キケロはブルンディシウムに無事到着したことを報告し、アッティクスの健康を気遣いつつ、ティロの病状やクリウスの遺言書について語り、さらに子供への自然な愛情というエピクロス派を批判する哲学的テーマに言及する。

§7.2.1Brundisium venimus vii Kalend. Decembr. usi tua felicitate navigandi;
私たちは十一月二十五日に、君の航海の幸運にあやかってブルンディシウムに到着した。
ita belle nobis " flavit ab Epiro lenissimus Onchesmites.
私たちに対してこのように見事に、 "イペイロスからきわめて穏やかなオンケスミテースが吹いた。
" hunc σπονδειάζοντα si cui voles τῶν pro tuo vendito.
"もし望むなら、このスポンデイアゾーン(重歩格詩行)を、誰かあの人々の間で君の作として売りつけるがよい。
§7.2.2valetudo tua me valde conturbat;
君の健康状態が私を大いに不安にさせている。
significant enim tuae litterae te prorsus laborare.
というのも、君の手紙は君がすっかり病んでいることを示しているからだ。
ego autem, cum sciam quam sis fortis, vehementius esse quiddam suspicor quod te cogat cedere et prope modum infringat.

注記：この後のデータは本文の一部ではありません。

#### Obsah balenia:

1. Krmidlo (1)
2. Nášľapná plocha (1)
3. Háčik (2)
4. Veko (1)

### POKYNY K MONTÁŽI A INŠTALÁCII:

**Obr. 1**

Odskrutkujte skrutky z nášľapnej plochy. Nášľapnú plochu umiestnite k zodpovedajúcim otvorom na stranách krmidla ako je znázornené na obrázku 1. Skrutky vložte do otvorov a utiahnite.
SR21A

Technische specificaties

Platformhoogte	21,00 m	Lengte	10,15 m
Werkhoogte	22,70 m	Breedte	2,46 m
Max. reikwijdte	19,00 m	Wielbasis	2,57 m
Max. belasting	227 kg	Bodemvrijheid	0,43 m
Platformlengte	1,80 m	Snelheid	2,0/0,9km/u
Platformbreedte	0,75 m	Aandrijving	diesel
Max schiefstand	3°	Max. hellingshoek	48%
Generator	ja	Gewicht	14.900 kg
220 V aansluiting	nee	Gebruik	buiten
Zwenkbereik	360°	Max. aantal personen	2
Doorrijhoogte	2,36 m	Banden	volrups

しかし私は、君がいかに強いかを知っているので、君を屈服させ、ほとんど挫けさせるような、何かより激しいものがあるのではないかと疑っている。
etsi alteram quartanam Pamphilus tuus mihi dixit decessisse et alteram leviorem accedere.

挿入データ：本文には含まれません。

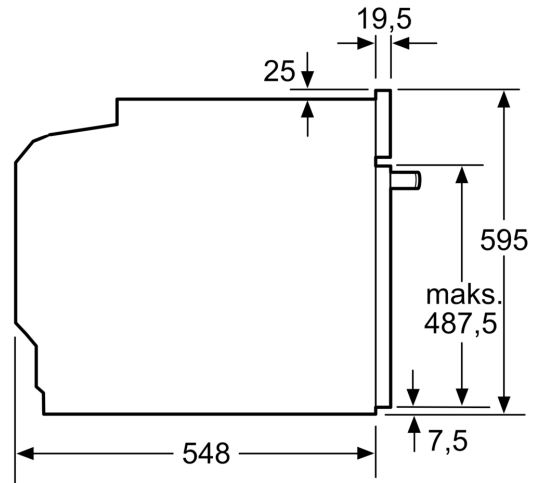

#### Tehničke informacije:

- Dužina strujnog kabla: 120 cm
- 220 - 240 V
- Priključna snaga: 3.4 kW kW
- Energetska klasa (prema EU br. 65/2014): A(na skali energetske klase od A+++ do D)
- Potrošnja električne energije po ciklusu u konvencionalnom režimu: 0.97 kWh
- Potrošnja električne energije po ciklusu u turbo konvencionalnom režimu: 0.81 kWh
- Broj prostora za pečenje: 1 Izvor toplote: električna rerna  
Zapremina: 71 l

#### Dimenzije:

- Dimenzije (VxŠxD): 595 mm x 594 mm x 548 mm
- Dimenzije niše (VxŠxD): 585 - 595 x 560 - 568 x 550
- „Pogledajte ugradne dimenzije naznačene u dijagramu za ugradnju“

**Serija 6, Ugradna rerna, 60 x 60 cm,  
Crna  
HBA5360B0**

Mere u milimetrima

Mere u milimetrima

Dimenzije u mm

**A:** 19,5 mm  
**B:** Prostor za priključak aparata 320 x 115 mm

Ugradnja sa pločom za kuvanje.

Mere u mm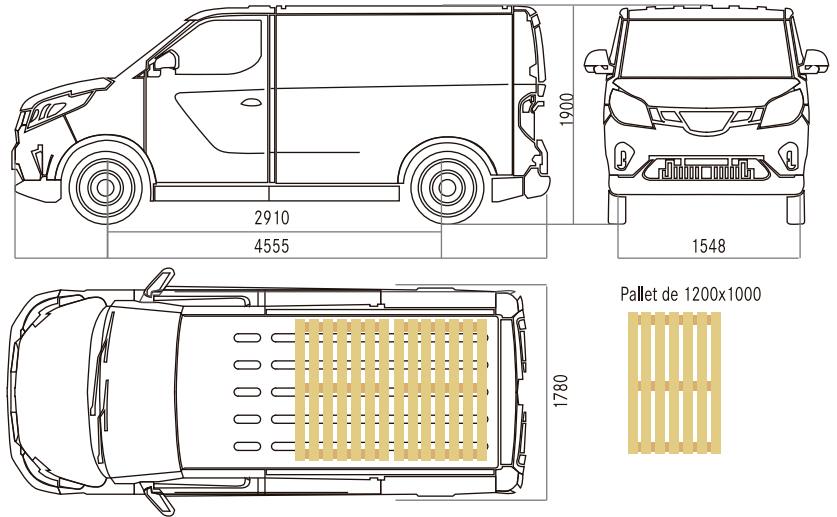

## DIMENSIONES (mm)

## DATOS TÉCNICOS

	EV30
<b>DIMENSIONES EXTERIORES</b>	
Largo (Mm)	4555
Ancho (Sin Espejos /con Espejos)	1548 / 1780
Alto (Mm)	1900
Distancia Entre Ejes (Mm)	2910
Numero de Asientos	2
<b>PESO</b>	
Peso bruto vehicular	2285 Kg
Peso en orden de marcha	1420 Kg
<b>TREN MOTRIZ</b>	
Baterías	CATL 35 kWh
Motor	85 kW SAIC Permanent Magnet Synchronous
Combustible	Electricidad
Potencia Máxima	114 Hp
Torque Máximo	250 Nm
Tipo y Disposición de Transmisión	4x2, Tracción Delantera
Transmisión	Automatica
Suspensión Delantera	Espirales
Suspensión Trasera	Ballestas
Tamaño de Ruedas	185/65 R15
<b>EQUIPAMIENTO y SEGURIDAD</b>	
Frenos De Discos Delanteros	✓
Frenos Regenerativos	✓, con tres niveles de regeneración
ABS + EBD + BAS	✓
ESP	✓
Doble Airbag Frontal	✓
Alarma Cinturón De Seguridad	✓
Inmovilizador	✓
Sistema De Arranque Con Freno	✓
Cierre Centralizado Con Sensor De Velocidad	✓
Tercera Luz De Freno	✓
Sensor Retroceso	✓
Aire Acondicionado	✓
Alzavidrios Eléctricos	✓
Pantalla Touch 7"	✓
Camara De Retroceso	✓
Apple Carplay	✓
Comandos De Radio Al Volante	✓
Control De Crucero	✓
<b>EXTERIOR</b>	
Espejos Retrovisores Eléctricos	✓
Señalizador de Viraje en Espejos Laterales	✓
Doble Puerta Trasera con Apertura 180°	✓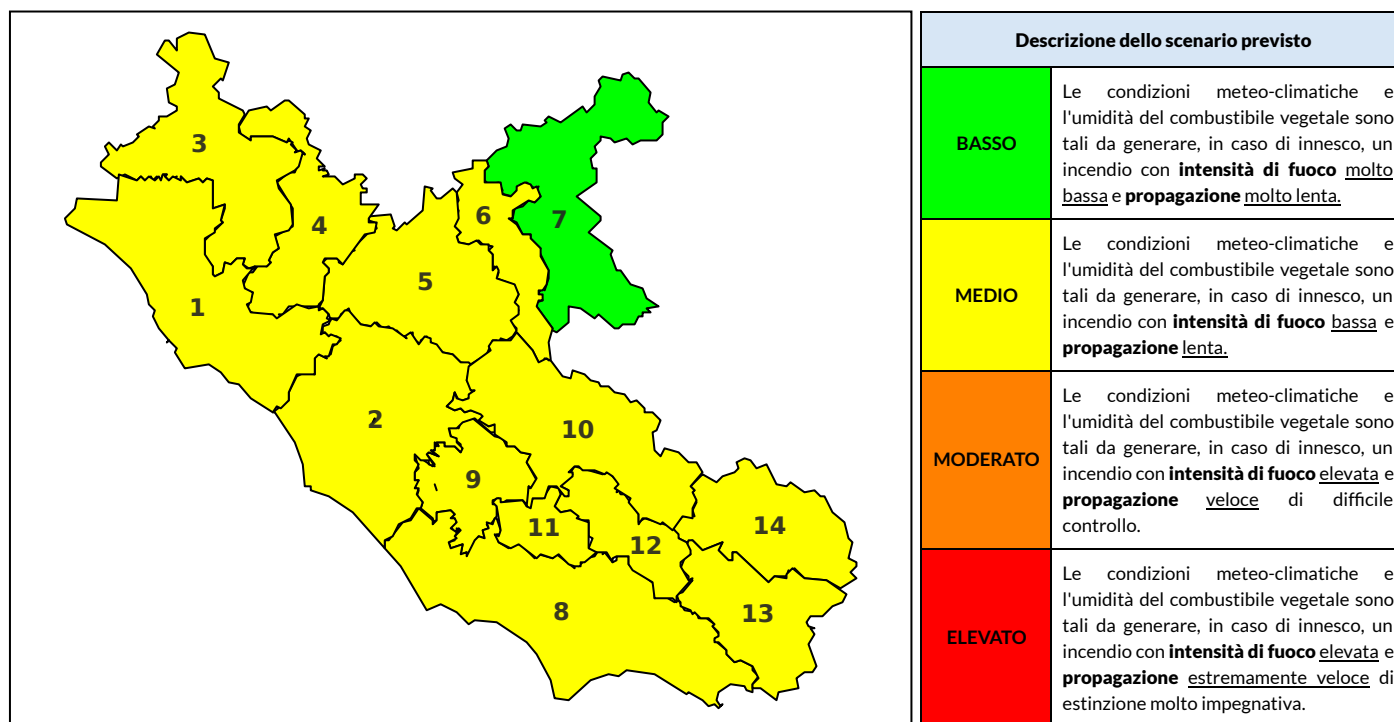

BOLLETTINO DI PERICOLOSITA' DA INCENDI BOSCHIVI

Previsioni per oggi 21-8-2021

Livello di pericolosità da incendio boschivo per Zona di Allerta AIB

Bollettino emesso nel periodo della campagna AIB Lazio sulla base del modello previsionale RISICOLazio, sviluppato in collaborazione con Fondazione CIMA, che fornisce un supporto per la valutazione della Pericolosità da incendio boschivo aggregata sulle Zone di Allerta AIB, approvate come parte integrante del Piano AIB Lazio 2020-2022 con DGR n° 270 del 15/05/2020. Il dettaglio della distribuzione dei Comuni nelle Zone AIB è consultabile al link <https://tinyurl.com/ZoneAIB>. Le Norme Comportamentali per la popolazione sono consultabili al link <https://tinyurl.com/NormeComportamentali>.

| Zona AIB | 1 | 2 | 3 | 4 | 5 | 6 | 7 | 8 | 9 | 10 | 11 | 12 | 13 | 14 |
|----------------------|-------|-------|-------|-------|-------|-------|-------|-------|-------|-------|-------|-------|-------|-------|
| Livello Pericolosità | MEDIO | MEDIO | MEDIO | MEDIO | MEDIO | MEDIO | BASSO | MEDIO | MEDIO | MEDIO | MEDIO | MEDIO | MEDIO | MEDIO |

もっとも、君のパンピルスは私に、二つの四日熱のうち一方は去り、もう一方はより軽くなって近づいていると言ったが。
Terentia vero, quae quidem eodem tempore ad portam Brundisinam venit quo ego in portum mihique obvia in foro fuit, L. Pontium sibi in Trebulano dixisse narrabat etiam eam decessisse.
しかしテレンティアは――彼女は、私が港に着いたのとまさに同じ時にブルンディシウムの城門に到着し、広場で私に出会ったのだが――ルキウス・ポンティウスがトレブラヌムの別荘で彼女に、それもまた去ったと語った、と話していた。
quod si ita est, est quod maxime me hercule opto idque spero tua prudentia et temperantia te consecutum.
もしそれが本当なら、それこそまさに私が心から望むことであり、君がその思慮深さと節制によってそれを達成したのだと信じている。
§7.2.3venio ad epistulas tuas;
君の手紙のことに移ろう。
quas ego sescentas uno tempore accepi, aliam alia iucundiorem, quae quidem erant tua manu.
私はそれを一度に無数に受け取った。 どれもこれも嬉しく、それらは確かに君の自筆であった。
nam Alexidis manum amabam quod tam prope accedebat ad similitudinem tuae, litteras non amabam quod indicabant te non valere.
というのも、アレクシスの筆跡は君のそれにとてもよく似ていたので気に入っていたが、手紙は君が健康ではないことを示していたので気に入らなかったからだ。
cuius quoniam mentio facta est, Tironem Patris aegrum reliqui, adulescentem, ut nosti (et adde, si quid vis), probum.
彼の言及がなされたので、私はパトリーにティロを病気で残してきた。 君も知っての通り(そして君が望むならどんな称賛でも付け加えてくれ)、誠実な青年だ。
nihil vidi melius.
これほど優れた人物を私は見たことがない。
itaque careo aegre et, quamquam videbatur se non graviter habere, tamen sum sollicitus maximamque spem habeo in M'.
それゆえ彼がいないのが寂しくてたまらず、彼が重病であるようには見えなかったものの、やはり私は心配しており、マニウス・クリウスの配慮に最大の期待を寄せている。
Curi diligentia de qua ad me scripsit Tiro et multi nuntiarunt.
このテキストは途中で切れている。